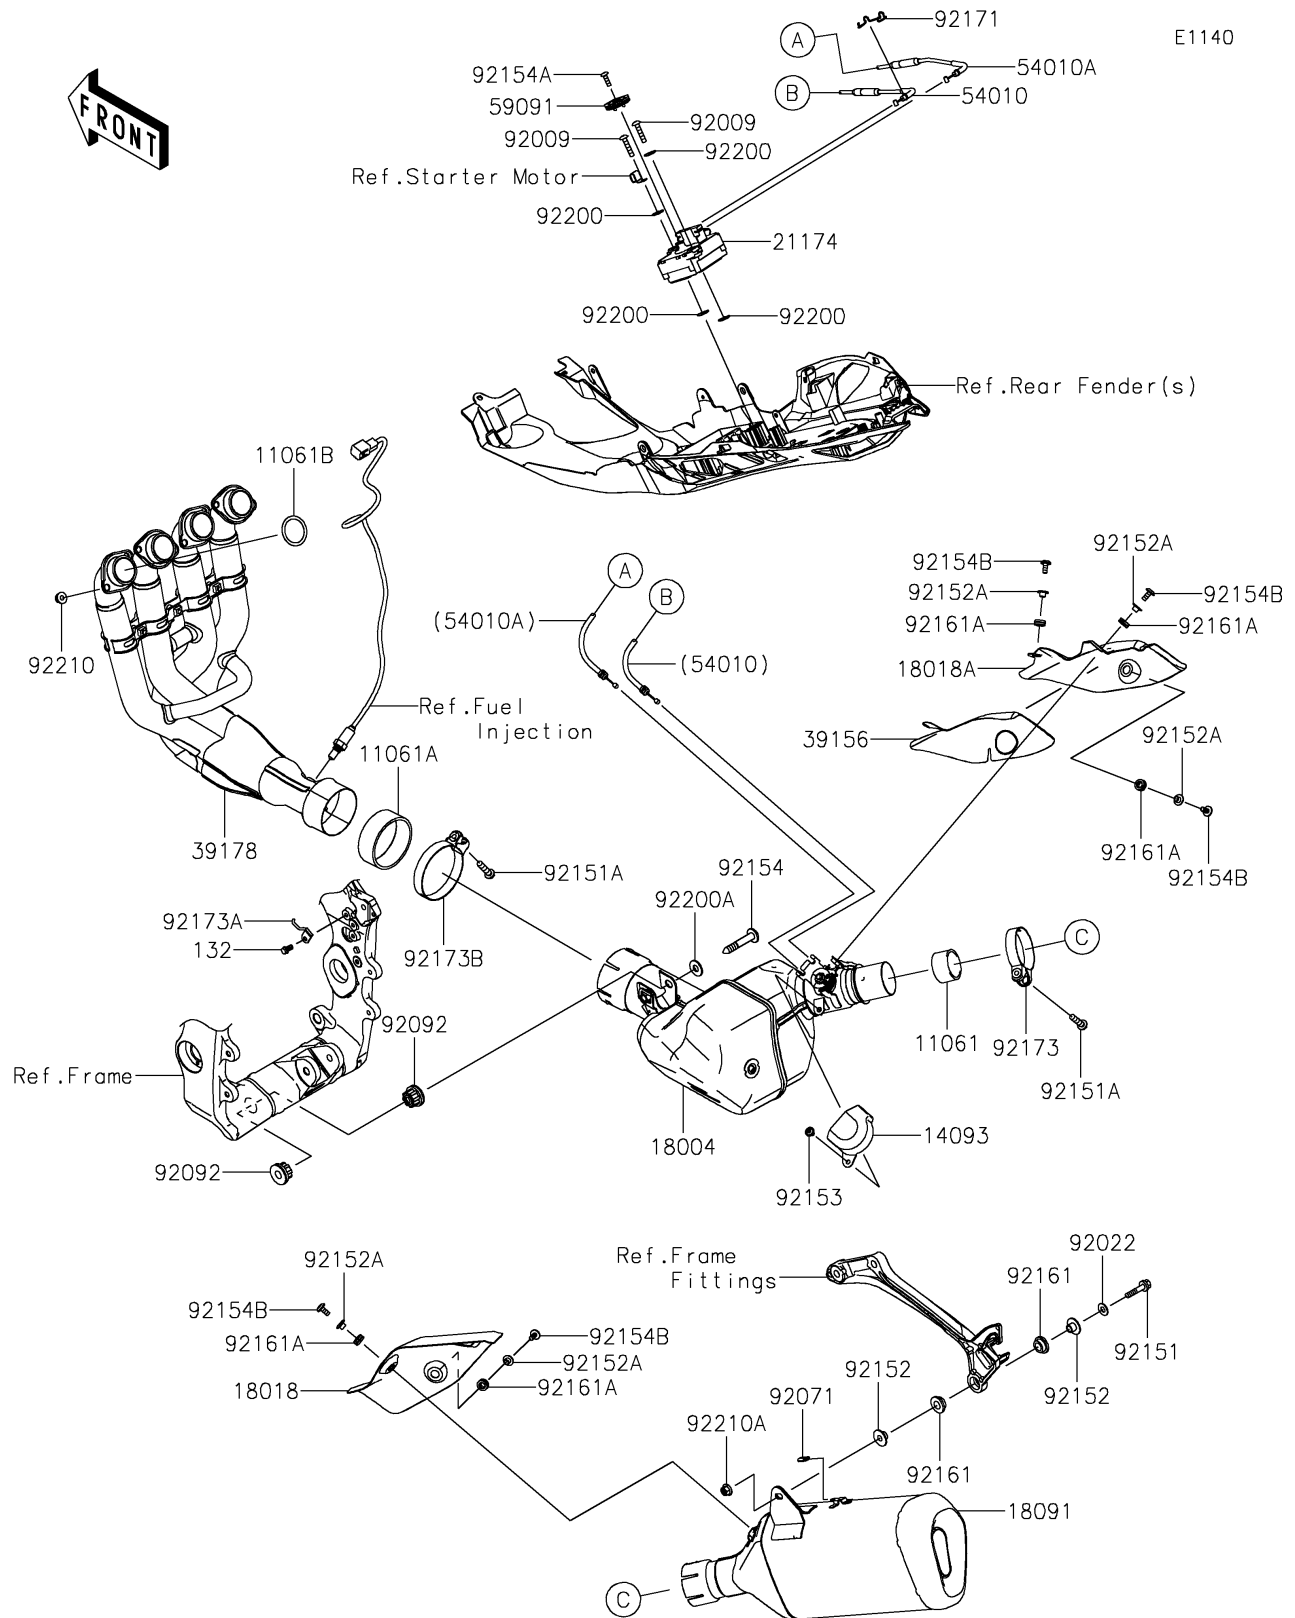

2024 Ninja® ZX-10R ABS

PARTS DIAGRAM

Muffler(s)
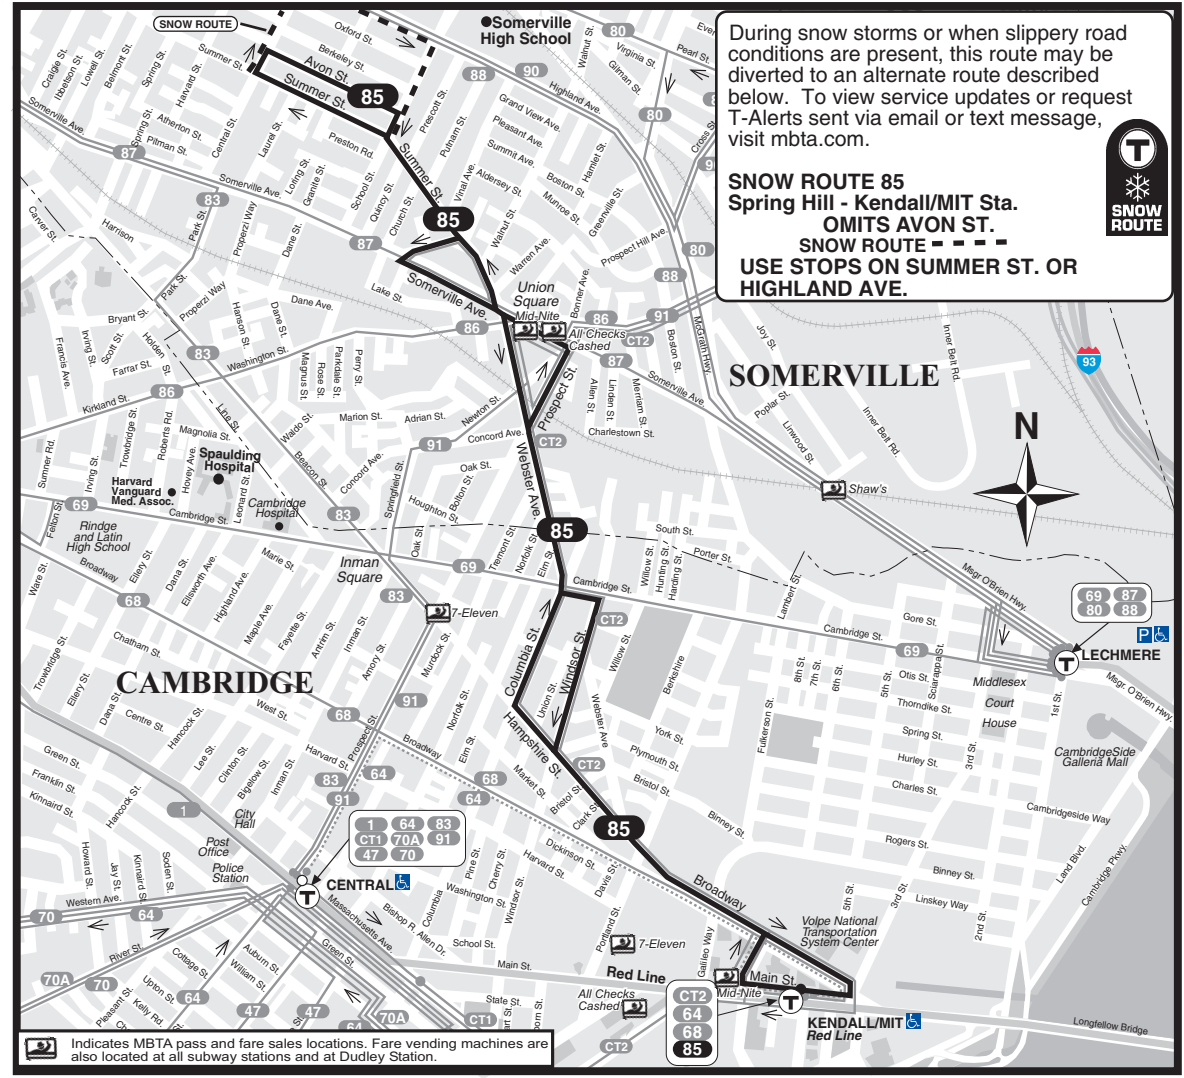

T **Route 85** Spring Hill - Kendall/MIT via Summer Street & Union Square

During snow storms or when slippery road conditions are present, this route may be diverted to an alternate route described below. To view service updates or request T-Alerts sent via email or text message, visit mbta.com.

SNOW ROUTE 85
 Spring Hill - Kendall/MIT Sta.
 OMITTS AVON ST.
 SNOW ROUTE - - - -
 USE STOPS ON SUMMER ST. OR HIGHLAND AVE.

schedule change

85

WINTER December 31, 2011 - March 23, 2012

Spring Hill - Kendall/MIT Station

Serving: Summer St., Somerville High School, Union Square, One Kendall Square, Cambridge Marriott and connections to the Red Line

Arrive times are approximate, subject to traffic.

Customer Service/Travel Info 617-222-3200
 Toll Free.....1-800-392-6100
 Hearing Impaired (TTY).....617-222-5146
-------------------------
Lines from the one with "Serving: Summer St., Somerville" through the last line of the listing above: return these exactly, and nothing else.

Response to the exercise ->
Serving: Summer St., Somerville High School, Union Square, One Kendall Square, Cambridge Marriott and connections to the Red Line

Arrive times are approximate, subject to traffic.

Customer Service/Travel Info 617-222-3200
 Toll Free.....1-800-392-6100
 Hearing Impaired (TTY).....617-222-5146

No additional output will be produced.